Correlated Attention in Transformers for Multivariate Time Series

Quang Minh Nguyen,Lam M. Nguyen,Subhro Das
2023-11-21
Abstract:Multivariate time series (MTS) analysis prevails in real-world applications such as finance, climate science and healthcare. The various self-attention mechanisms, the backbone of the state-of-the-art Transformer-based models, efficiently discover the temporal dependencies, yet cannot well capture the intricate cross-correlation between different features of MTS data, which inherently stems from complex dynamical systems in practice. To this end, we propose a novel correlated attention mechanism, which not only efficiently captures feature-wise dependencies, but can also be seamlessly integrated within the encoder blocks of existing well-known Transformers to gain efficiency improvement. In particular, correlated attention operates across feature channels to compute cross-covariance matrices between queries and keys with different lag values, and selectively aggregate representations at the sub-series level. This architecture facilitates automated discovery and representation learning of not only instantaneous but also lagged cross-correlations, while inherently capturing time series auto-correlation. When combined with prevalent Transformer baselines, correlated attention mechanism constitutes a better alternative for encoder-only architectures, which are suitable for a wide range of tasks including imputation, anomaly detection and classification. Extensive experiments on the aforementioned tasks consistently underscore the advantages of correlated attention mechanism in enhancing base Transformer models, and demonstrate our state-of-the-art results in imputation, anomaly detection and classification.
Machine Learning,Artificial Intelligence
What problem does this paper attempt to address?
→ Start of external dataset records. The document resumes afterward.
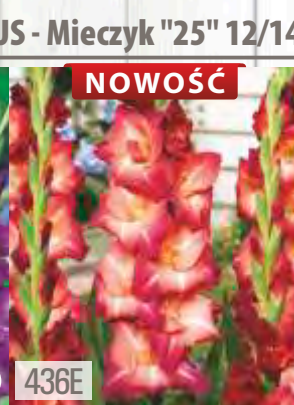

NOWOŚĆ

436E

Gladiolus Ocaso
Mieczyk 'Ocaso'

☀ IV-V 12cm ☀ ↑ 100-130 cm
10cm ↓ ☉ → ☽ VII-IX

The paper primarily aims to address issues in the analysis of Multivariate Time Series (MTS), particularly focusing on the limitations of existing Transformer-based models in capturing the complex cross-correlations between different features in MTS data. Specifically, the paper attempts to solve the following key problems: 1. **Improving the performance of Transformer models in non-predictive tasks**: Although existing Transformer-based models excel in capturing temporal dependencies, they have limitations in handling the cross-correlations between different features in MTS data. Therefore, the paper proposes a new correlation attention mechanism designed to efficiently capture the dependencies between features and seamlessly integrate into existing well-known Transformer models, thereby enhancing their performance in non-predictive tasks such as imputation, anomaly detection, and classification. 2. **Capturing lagged cross-correlations**: The paper emphasizes the importance of lagged cross-correlations in MTS data, a phenomenon where changes in one variable may only reflect in another variable after a certain delay. Despite the common occurrence of this phenomenon in practice, existing Transformer-based methods have not fully utilized this information to improve their performance in target applications. Hence, the proposed correlation attention mechanism is specifically designed to capture these lagged cross-correlations. 3. **Enhancing existing Transformer architectures**: By proposing a novel correlation attention mechanism, the paper aims to efficiently learn both immediate and lagged cross-correlations between different variables in MTS data. This mechanism can be seamlessly integrated with existing powerful Transformer models (such as Vanilla Transformer, Non-stationary Transformer, etc.) to enhance their performance. In summary, the core contribution of the paper lies in proposing a new correlation attention mechanism that not only effectively captures the cross-correlations between different features in MTS data but also significantly improves the performance of these models in various non-predictive tasks through integration with existing Transformer models.